Instead, the article chooses to highlight various winks & nudges from Canadian advocates of the Israeli government. And in case those advocates were too coy, the author (Ingrid Walter) concludes by presenting Mulcair with an absolutely bizarre claim. Walter cites an Ipsos exit poll of Jewish-Canadian voters. In it, the Conservatives scored a majority of 52%. Without wincing, Walter attempts to convince Mulcair that a "pro-Israel" NDP would also score 52%.

It never crosses Walter's mind that many Jewish-Canadian voters were simply responding to economic policies or a fatigue of minority parliament. [Ed. note: Nor that it's possible to test whether "pro-Israel" policies actually tend to move votes and other support.] Instead, the mere sight of Thomas Mulcair echoing the Cons' foreign policy is somehow supposed to move Jewish-Canadian voters en masse toward the NDP.

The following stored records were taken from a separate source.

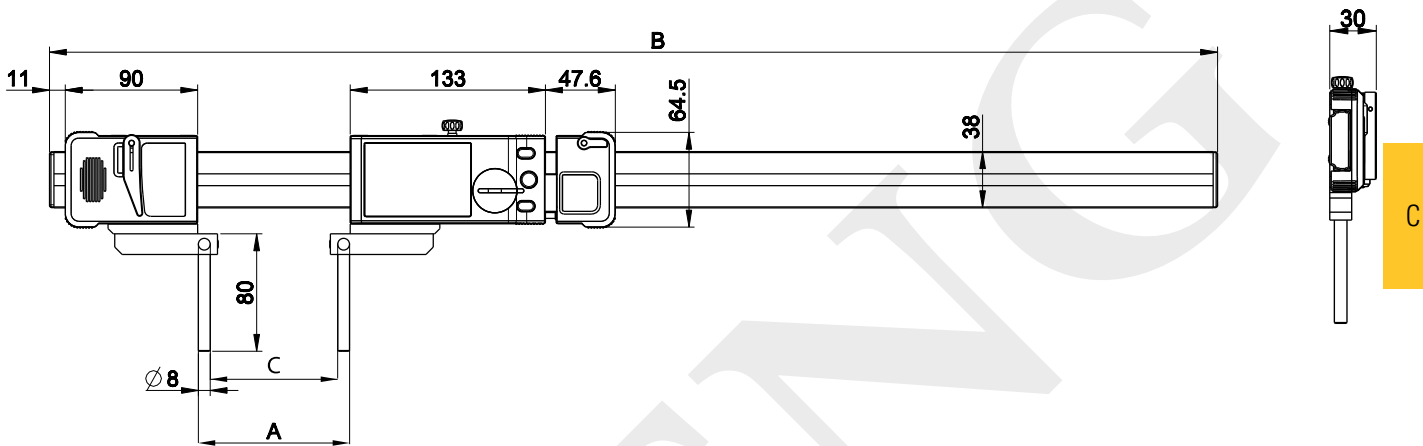

## DESCRIPCIÓN

- Instrumento universal grande y ultraligero con sistema Bluetooth® integrado
- Polo de perfil especial de aluminio reforzado con 4 barras guía de acero inoxidable
- Nueva unidad de pantalla XXL con dígitos de 20 mm de altura
- Tres botones, incluyendo el botón central con la función de favoritos seleccionable
- Dispositivo de control de la fuerza de medición
- Se suministra con llaves de medición intercambiables con clavijas de metal duro de Ø 8 x 80 mm
- Numerosas otras teclas de medición disponibles como opciones
- Pitorro izquierdo móvil con palanca de bloqueo
- Salida de datos adicionales Proximidad
- Rango de medición de 400 a 3000 mm
- Protección IP67

ISO 13385-1

Llaves de medición intercambiables con clavijas de metal duro de Ø 8 x 80 mm

**SWISS MADE**

Built-in Bluetooth®

PROXIMITY

WATER RESISTANT

**IP67**

### DIMENSIONES

Many NDP members (like myself) trust that Thomas Mulcair is intelligent enough to recognize the desperation & comedy behind such an inducement. But for those members who still have doubts, the NDP constitution provides clarity as to where the party's policy is developed:
Conventions are the supreme governing body of the Party and shall have final authority in all matters of federal policy, program and constitution.
The NDP Federal Council shall have full authority to issue policy statements and election statements in the name of the Party, consonant with the decisions of the Convention, and to initiate policy statements consonant with the philosophy of the Party in matters not yet considered by Convention.